Possible Subclinical Leaflet Thrombosis in Bioprosthetic Aortic Valves.

机构信息

From Cedars-Sinai Heart Institute (R.R.M., H.J., T.C., A.T., J.F., D.B., W.C., M.K.) and Cedars-Sinai Medical Center (G.F.) - both in Los Angeles; Rigshospitalet, University of Copenhagen, Copenhagen (K.F.K., O.B., N.T.O., L.S.); MedStar Health Research Institute, Washington, DC (F.M.A., A.D.P., N.J.W.); Hackensack University Medical Center and Joseph M. Sanzari Children's Hospital, Hackensack, NJ (C.E.R., V.J.); Lenox Hill Heart and Vascular Institute of New York (C.A.K.) and Columbia University Medical Center-New York Presbyterian Hospital (M.B.L.) - both in New York; St. Jude Medical, Plymouth, MN (H.G., E.M.); Cleveland Clinic, Cleveland (S.K.); and Brigham and Women's Hospital Heart and Vascular Center and Harvard Medical School - both in Boston (D.L.B.).

出版信息

N Engl J Med. 2015 Nov 19;373(21):2015-24. doi: 10.1056/NEJMoa1509233. Epub 2015 Oct 5.

Abstract

BACKGROUND

A finding of reduced aortic-valve leaflet motion was noted on computed tomography (CT) in a patient who had a stroke after transcatheter aortic-valve replacement (TAVR) during an ongoing clinical trial. This finding raised a concern about possible subclinical leaflet thrombosis and prompted further investigation.

METHODS

We analyzed data obtained from 55 patients in a clinical trial of TAVR and from two single-center registries that included 132 patients who were undergoing either TAVR or surgical aortic-valve bioprosthesis implantation. We obtained four-dimensional, volume-rendered CT scans along with data on anticoagulation and clinical outcomes (including strokes and transient ischemic attacks [TIAs]).

RESULTS

Reduced leaflet motion was noted on CT in 22 of 55 patients (40%) in the clinical trial and in 17 of 132 patients (13%) in the two registries. Reduced leaflet motion was detected among patients with multiple bioprosthesis types, including transcatheter and surgical bioprostheses. Therapeutic anticoagulation with warfarin, as compared with dual antiplatelet therapy, was associated with a decreased incidence of reduced leaflet motion (0% and 55%, respectively, P=0.01 in the clinical trial; and 0% and 29%, respectively, P=0.04 in the pooled registries).
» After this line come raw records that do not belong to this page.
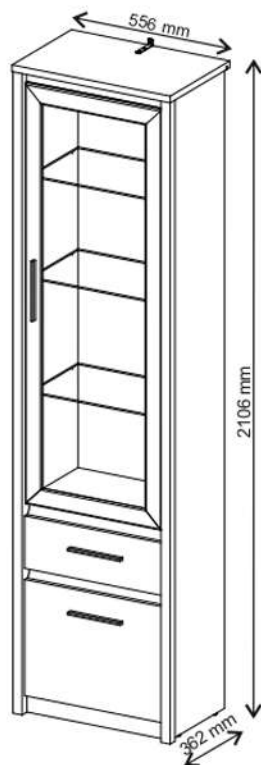

# AIRON 1D1W1S

KÓD	ROZMER				BALÍK
002	2078	360	16/32	1	1/3
003	556	362	22	1	1/3
005	375	482	16	1	1/3
006	488	334	16	1	1/3
007	488	290	5	3	3/3
008	488	284	16	1	1/3
014	488	60	16	1	1/3
015	488	60	16	1	1/3
017	1401	507	3	1	1/3
018	619	507	3	1	1/3
019	2078	360	16/32	1	1/3
020	1364	482	16	1	2/3
021	482	173	16	1	1/3
022	432	100	16	1	1/3
023	300	100	16	1	1/3
024	300	100	16	1	1/3
028	488	60	30	2	1/3
036	450	302	3	1	1/3
<b>PRÍSLUŠENSTVO</b>					1/3

<b>x6</b> <b>e1</b> Ø 7x50mm 	<b>x10</b> <b>r1</b> Ø 15x12mm 	<b>x10</b> <b>r16</b> 	<b>x2</b> <b>s2</b> 
<b>x32</b> <b>f1</b> Ø 8x30mm 	<b>x5</b> <b>a143</b> 	<b>x5</b> <b>b119</b> 	<b>x12</b> <b>s4</b> 
<b>x10</b> <b>l2</b> 	<b>x2</b> <b>n260</b> 	<b>x36</b> <b>p25</b> Ø 3,5x16mm 	<b>x12</b> <b>d3</b> Ø 5x17 mm 
<b>x1</b> <b>f3</b> Ø 10x50 mm 	<b>x1</b> <b>n14</b> 	<b>x1</b> <b>p17</b> Ø 6x60 mm 	<b>x4</b> <b>k1</b> 
<b>x1</b> <b>L300</b> 	<b>x3</b> <b>c412.030</b> 	<b>x6</b> <b>p42</b> Ø 3,5x25mm 	<b>x1</b> <b>z1</b> 
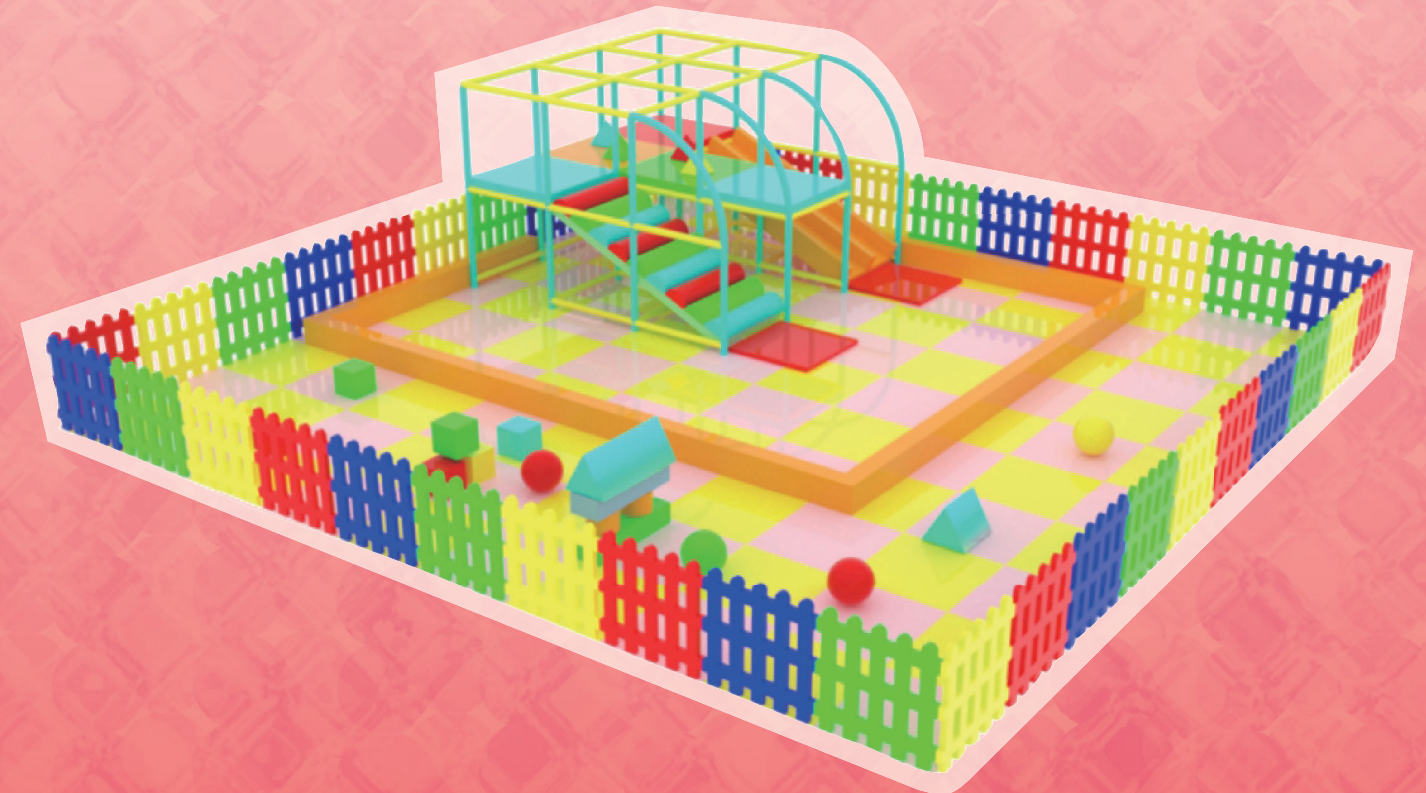

キッズコーナー オプション例

ウレタンクッション

※カラー・サイズ・形状各種用意しております。

すべり台

約縦1.5×横2×高さ1.5m

商品 Q & A

サイズは？

設置したいスペースにあわせてオーダー可能です。
基本サイズは 縦1.25×横1.25m、
高さ0.9~1.4mです。

立体遊具

&

キッズコーナー

店舗様の遊休スペースのご活用に！

立体遊具・キッズコーナー まとめて弊社にお任せください。

立体遊具

立体遊具は、お客様の要望にあわせてサイズ・形状は自由にデザインすることが出来ます。

お子様が安全に遊べるようにすべての柱はクッションで保護されています。

床にはEVAマットを施工するので転んでも安心です。

立体遊具 組み合わせ例

モデル KC-001

サイズ 縦3×横4×高さ2.5m

モデル KC-002

サイズ 縦4×横5×高さ2.5m

モデル KC-003

サイズ 縦4×横4×高さ2.5m

ベンチ型フェンスはお客様の要望にあわせてサイズを変更出来ます。形状もご相談下さい。

中にボールを入れてボールプールにすることも可能です。

下に敷くクッションもソフトタイプとEVAマットお好きな方を選べます。

キッズコーナーに置くクッションや滑り台もオプションで用意しています。立体遊具と組み合わせることも可能です。

ベンチ型フェンス

プラスチックフェンス

キッズコーナー 組み合わせ例

10坪モデル①
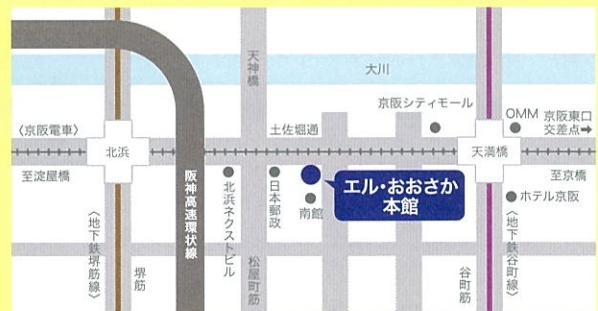

OSAKAしごとフィールド

☎ 06-4794-9198 ☎ 06-6232-8581

✉ oshigoto@shigotofield.jp

営業時間

【平日】9:30～20:00 【土曜】9:30～16:00

(休) 日・祝・年末年始

相談時間

【平日】10:00～20:00(19:00受付終了)

(休) 土・日・祝・年末年始

OSF_JOBhunt osakashigotofield

(旧Twitter)

大阪府大阪市中央区北浜東3-14 エル・おおさか本館2・3F
京阪線・Osaka Metro 谷町線「天満橋駅」より西へ約300m
京阪線・Osaka Metro 堺筋線「北浜駅」より東へ約500m

<https://shigotofield.jp>
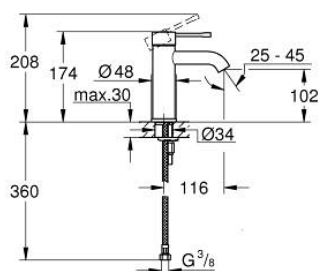

24 172 A01 ESSENCE СМЕСИТЕЛЬ ОДНОРЫЧАЖНЫЙ ДЛЯ РАКОВИНЫ, DN 15 РАЗМЕР S

ОПИСАНИЕ ПРОДУКТА

- Colour: темный графит, глянец
- монтаж на одно отверстие
- металлический рычаг
- GROHE SilkMove Плавность и точность управления - керамический картридж 28 мм
- с ограничителем температуры
- GROHE LongLife finish - стойкое долговечное покрытие
- GROHE EcoJoy Технология совершенного потока при уменьшенном расходе воды
- максимальный расход воды (при 3 бара): 5 л/мин
- GROHE AquaGuide регулируемый аэратор
- GROHE FastFixation Plus Система ускорения и оптимизации монтажа
- гладкий корпус
- гибкая подводка

24 172 A01 ESSENCE СМЕСИТЕЛЬ ОДНОРЫЧАЖНЫЙ ДЛЯ РАКОВИНЫ, DN 15 РАЗМЕР S

ЗАПАСНЫЕ ЧАСТИ

- 1: Рычаг (Spare part-nr. 46917A00)
 - 2: Крепежное кольцо (Spare part-nr. 46715000)
 - 3: Картридж (Spare part-nr. 46580000)
 - 4: Аэратор (Spare part-nr. 48270000)
 - 5: Розетка (Spare part-nr. 48603A00)
 - 6: Обратное резьбовое соединение (Spare part-nr. 46645000)
 - 7: Монтажный ключ (Spare part-nr. 19017000)*
 - 8: Сливной нажимной гарнитур (Spare part-nr. 65807A00)*
- * Optional accessories
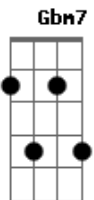

© ukulele-chords.com
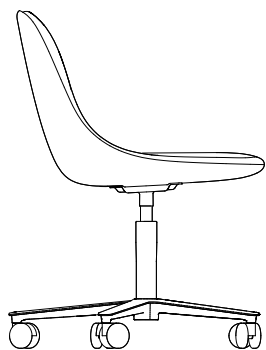

RIALTINA

Seduta, 5 razze.
Schiumato di poliuretano
espanso flessibile con
inserto in metallo.
Peso 9,5 kg
Misure 62,8x62,8x80x8
cm – h seduta regolabile
Imballo 1x1 pz
cm 65,5x65x85 h

Armchair, 5-star swivel
base. Steel frame padded
with flexible polyurethane
foam.
Weight 9,5 kg
Dimensions
62,8x62,8x80x8 cm
– adjustable seat h
Packaging 1x1 pz
cm 65,5x65x85 h
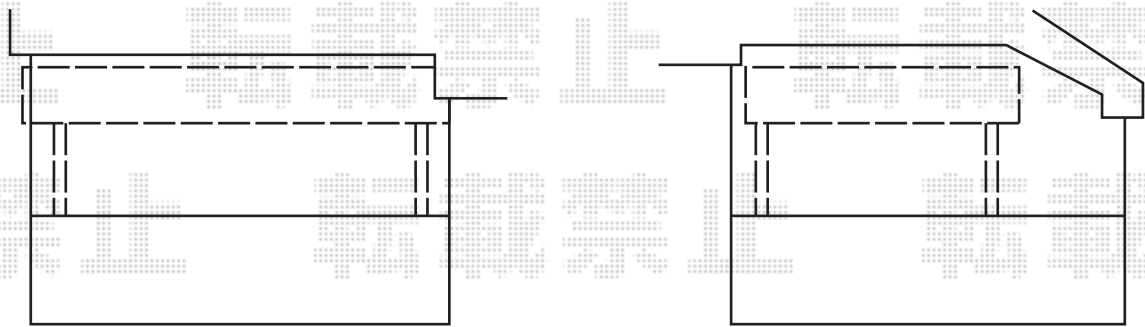

ライザーテラスII F型 屋根タイプ 単体 積雪～20cm対応

トステム ライザーテラスII F型 屋根タイプ 単体 積雪～20cm対応
 間口=関東間1.5間 (柱芯々2,530mm 屋根幅2,750mm)
 出幅=3尺 (885mm)
 色: シャイングレー
 屋根材: ポリカーボネート (クリアマット/すりガラス調)
 柱仕様: 柱奥行移動タイプ (柱2本)
 施工方法: 上止め

トステム ライザーテラスII F型 屋根タイプ 単体 積雪～20cm対応
 間口=関東間1.0間 (柱芯々1,620mm)
 屋根幅1,840mm
 出幅=3尺 (885mm)
 色: シャイングレー
 屋根材: ポリカーボネート (クリアマット/すりガラス調)
 柱仕様: 柱奥行移動タイプ (柱2本)
 施工方法: 上止め
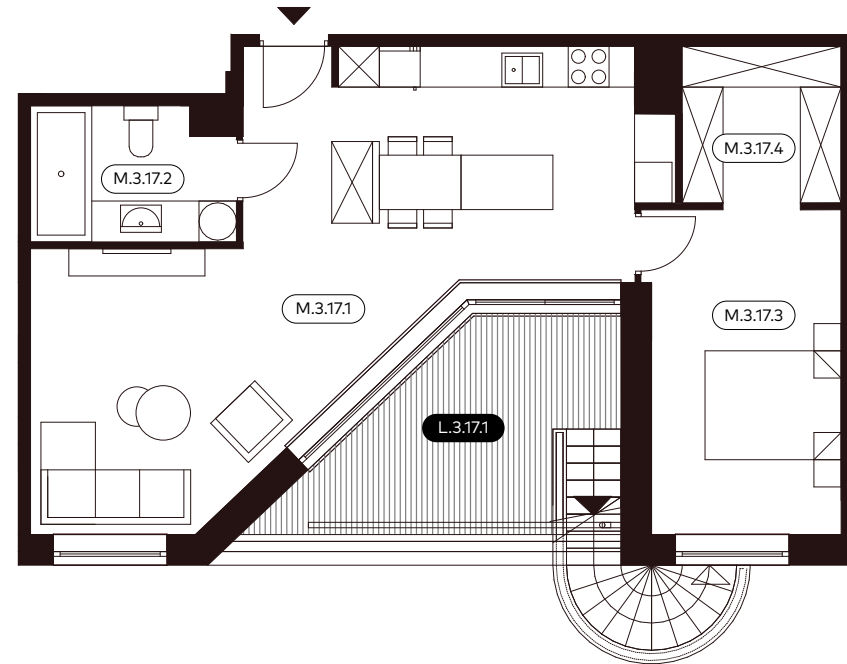

# EMAUS YACHT

Apartament nr 17

nr	funkcja pomieszczenia	pow. m2
<b>PIĘTRO +3</b> ↓		
M.3.17.1	Salon z aneksem kuchennym	37.70
M.3.17.2	Łazienka	5.59
M.3.17.3	Sypialnia	13.22
M.3.17.4	Garderoba	5.24
<b>SUMA UŻYTKOWA LOKALU</b>		<b>61.75</b>
<b>CZĘŚCI PRZYNALEŻNE</b> ↓		
L.3.17.1	Loggia	11.09
D17	Dach	81.16

Umiejscowienie apartamentu
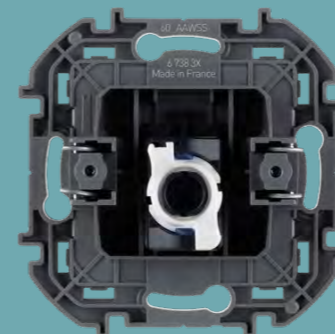

МЕХАНИЗМ ИНФОРМАЦИОННОЙ РОЗЕТКИ

Для установки и подключения информационных розеток не требуется специальный инструмент.
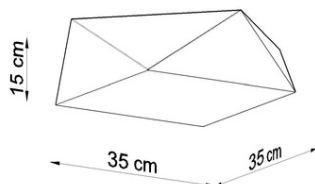

Furnizor: **Sc Trivolt Distribution SRL**
Reg. com.: J23/3300/2016
CIF: RO36421140
Adresa: Strada Apusului nr 3 (primul
sens giratoriu Tehodor Pallady-
Autostrada Soarelui), Catelu, Ilfov
Banca: BRD
IBAN: RO34BRDE441SV13182234410

SOLLUX CORP DE ILUMINAT PENTRU TAVAN HEXA 35 NEGRU

Spoturile de inel sunt ideale pentru cei care apreciaza designul modern si capacitatea de a crea aranjamente unice. Lampile de acest tip constau dintr-un suport montat pe plafon, care are mai multe lumini directionale instalate in corpuri elegante. Marele avantaj al seriei de apel este abilitatea de a stabili fiecare sursa de lumina in mod individual, astfel incat numai partile camerei pe care le alegeti sa le poata fi iluminate. Este, de asemenea, o propunere extrem de interesanta pentru iubitorii de stil original si de accente interioare moderne. Light Bec: GU10, 6x40W, 6x12W LED, 50-60Hz, ~ 220-

230V, IP20, clasa de aparat I

Becul nu este inclus.

Dimensiuni: 118/6/16 cm

Material: Otel

Culoare: gri.

Pret: 471,24 lei (TVA inclus)

Detalii online: <https://www.materialelectrice.ro/corp-de-iluminat-pentru-tavan-hexa-35-negru-281071>
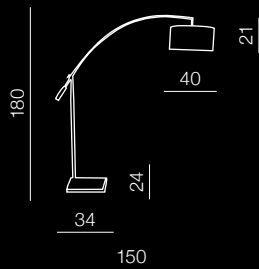

Bianca

302

Bianca

- 1 AZ0005 (chrome/white)
- 2 AZ0006 (chrome/black)

E27 1x 60W
metal/marble/fabric
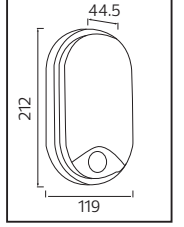

HECTOR

Model	Kod	Watt	Fiyat	Koli İçi	Lümen	Renk	Işık Rengi
HECTOR-10	071-012-0010	10 W	35,84 $	20	935 lm	BEYAZ	4200K

PLASTİK

SENSÖRLÜ

VESPER

Model	Kod	Watt	Fiyat	Koli İçi	Lümen	Renk	Işık Rengi
VESPER-15	071-013-0015	15 W	47,26 $	10	1500 lm	BEYAZ	4200K

PLASTİK

SENSÖRLÜ

Made in **Türkiye**

BOLKAR

YENİ ÜRÜN

Model	Kod	Watt	Fiyat	Koli İçi	Lümen	Renk	Işık Rengi
BOLKAR-20	071-014-0020	20 W	495,50 TL	20	2400 lm	BEYAZ/SİYAH	6400K

PLASTİK

SENSÖRLÜ
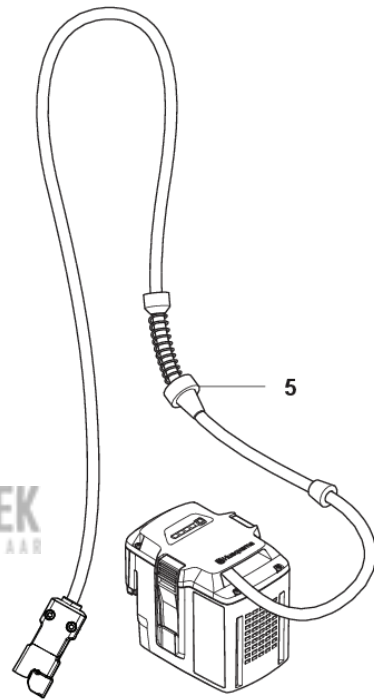

WES VAN DER SPEK
EN PARKMACHINES * TER AAR
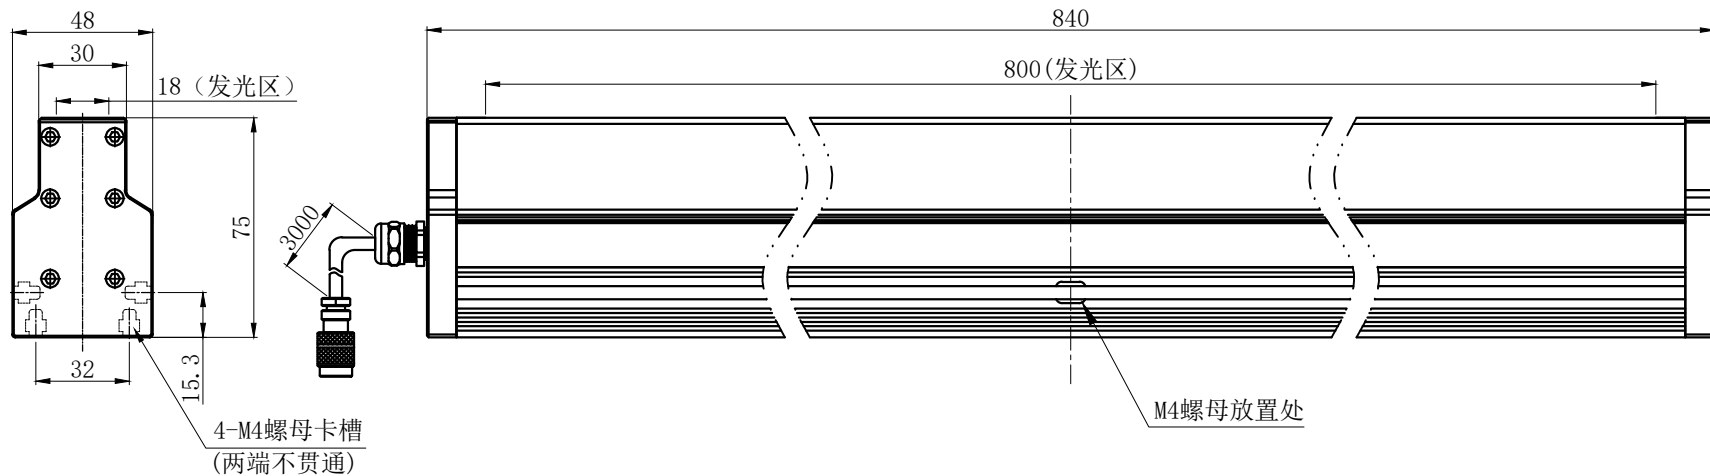

1				2			3		4		5			
颜色	红(R)	绿(G)	蓝(B)	白(W)	红外(IR)	紫外(UV)	电缆极性	1:LED+、2:LED-、3:NC、4:NC		自变/客变	版本号	更改日期	图纸审核	备注
电压(V)	24V	24V	24V	24V	—	—								
功率(W)					—	—								

注:四周有M4的螺母卡槽用于安装。

产品型号	HZ-LKN800-W/R/G/B	发光颜色	W(白)/R(红)/G(绿)/B(蓝)	公司名称	恒致自动化科技有限公司	发布日期	2017-02-15
版本号	HZ-LKN800-ZP-1.0	输入电压	DC 24V(max)	产品名称	机器视觉光源	视图方向	
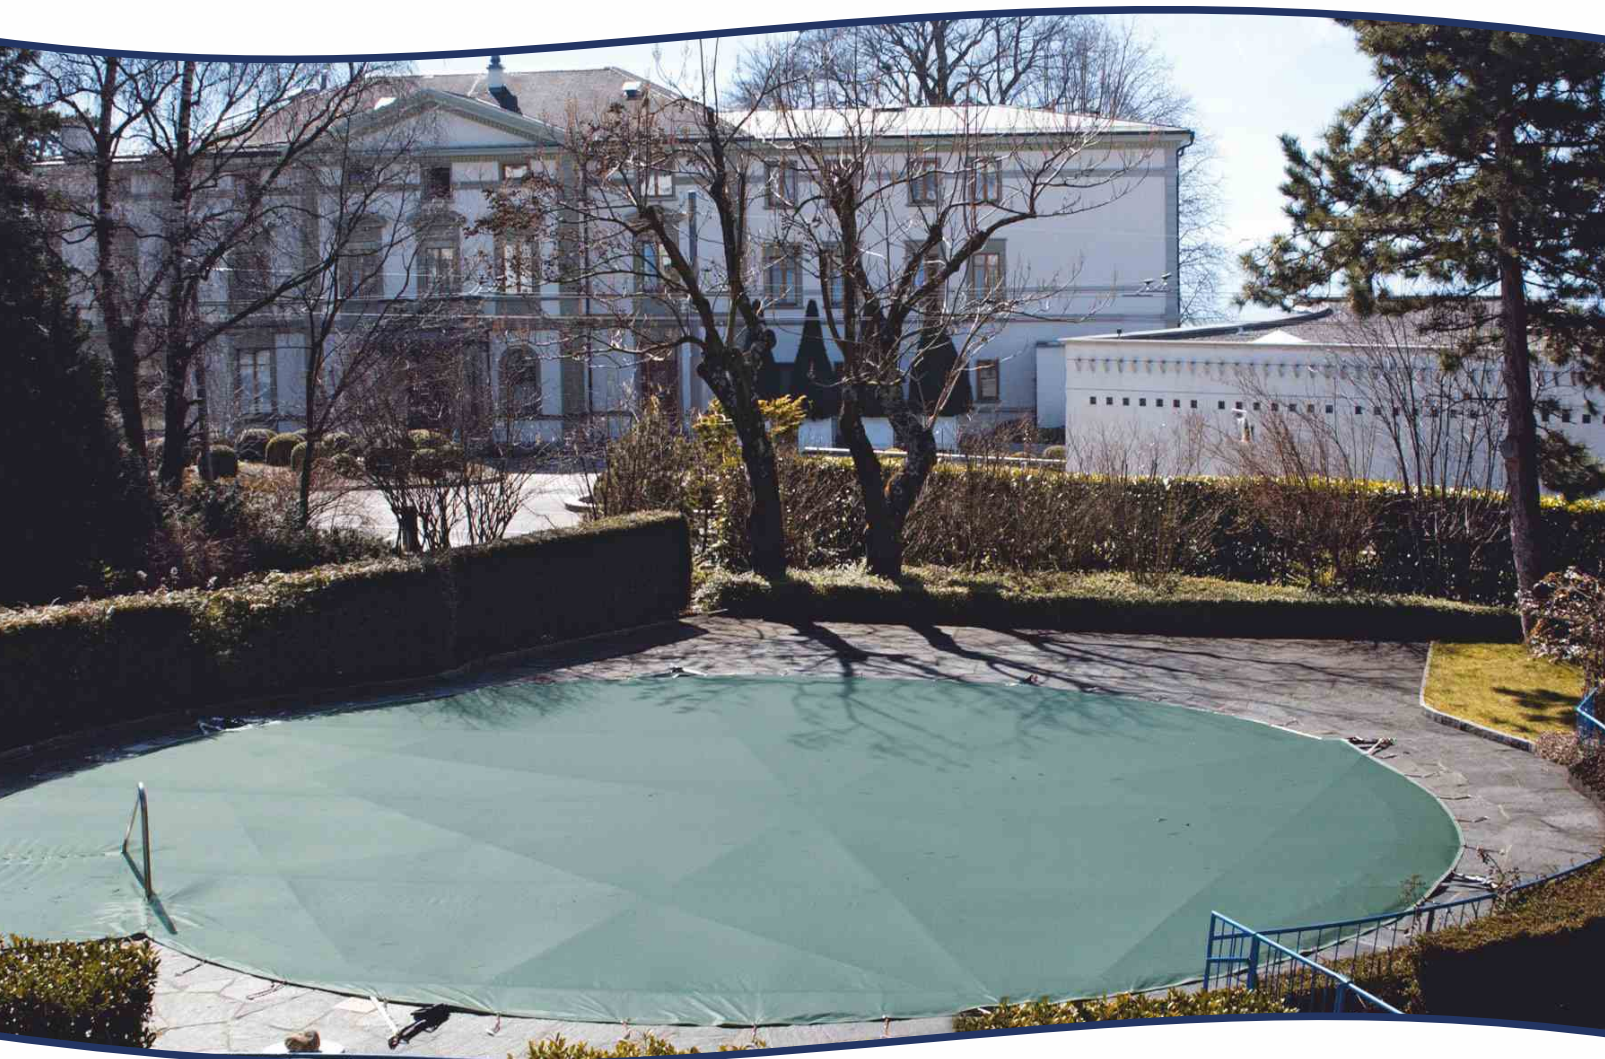

Schutznetz

Ein Schutznetz ist die sinnvolle Ergänzung zu Ihrer Sommerabdeckung. Es bietet effizienten Schutz vor Blättern, Zweigen, Unrat und Kleintieren. Mit Schneeträgern versehen kann sogar Schneelast aufgenommen werden.

- Stabile reissfeste Konstruktion
- Langlebiges, witterungsbeständiges Gewebe für lange Haltbarkeit
- Zuverlässiger Schutz gegen das Hineinfallen von Gegenständen

In patients who were reevaluated with follow-up CT, restoration of leaflet motion was noted in all 11 patients who were receiving anticoagulation and in 1 of 10 patients who were not receiving anticoagulation (P<0.001). There was no significant difference in the incidence of stroke or TIA between patients with reduced leaflet motion and those with normal leaflet motion in the clinical trial (2 of 22 patients and 0 of 33 patients, respectively; P=0.16), although in the pooled registries, a significant difference was detected (3 of 17 patients and 1 of 115 patients, respectively; P=0.007).

CONCLUSIONS

Reduced aortic-valve leaflet motion was shown in patients with bioprosthetic aortic valves. The condition resolved with therapeutic anticoagulation. The effect of this finding on clinical outcomes including stroke needs further investigation. (Funded by St. Jude Medical and Cedars-Sinai Heart Institute; Portico-IDE ClinicalTrials.gov number, NCT02000115; SAVORY registry, NCT02426307; and RESOLVE registry, NCT02318342.).

摘要

背景

在一项正在进行的临床试验中,一名接受经导管主动脉瓣置换术(TAVR)治疗的患者在计算机断层扫描(CT)中发现主动脉瓣叶活动减少,这一发现引发了对可能存在亚临床瓣叶血栓形成的担忧,并促使进一步调查。

方法

我们分析了临床试验中的 55 名患者和两个单中心注册中心的 132 名患者的数据,这些患者接受了 TAVR 或外科主动脉瓣生物假体植入术。我们获得了 4 维、容积渲染 CT 扫描,以及抗凝和临床结局数据(包括中风和短暂性脑缺血发作 [TIA])。

结果

临床试验中 55 名患者中的 22 名(40%)和两个注册中心的 132 名患者中的 17 名(13%)在 CT 上发现瓣叶运动减少。减少的瓣叶运动在多种生物假体类型的患者中均有发现,包括经导管和外科生物假体。与双联抗血小板治疗相比,华法林的治疗性抗凝与减少瓣叶运动的发生率降低相关(临床试验中分别为 0%和 55%,P=0.01;汇总注册中心中分别为 0%和 29%,P=0.04)。在接受后续 CT 评估的患者中,所有 11 名接受抗凝治疗的患者和 10 名未接受抗凝治疗的患者的瓣叶运动均得到恢复(P<0.001)。临床试验中瓣叶运动减少患者与瓣叶运动正常患者的中风或 TIA 发生率无显著差异(分别为 22 名患者中的 2 名和 33 名患者中的 0 名;P=0.16),尽管在汇总注册中心中发现了显著差异(分别为 17 名患者中的 3 名和 115 名患者中的 1 名;P=0.007)。

结论

生物瓣主动脉瓣患者中发现主动脉瓣叶活动减少。这种情况通过治疗性抗凝得到解决。这种发现对包括中风在内的临床结局的影响需要进一步研究。(由圣犹达医疗公司和西达赛奈心脏研究所资助;Portico-IDE ClinicalTrials.gov 编号,NCT02000115;SAVORY 注册中心,NCT02426307;和 RESOLVE 注册中心,NCT02318342)。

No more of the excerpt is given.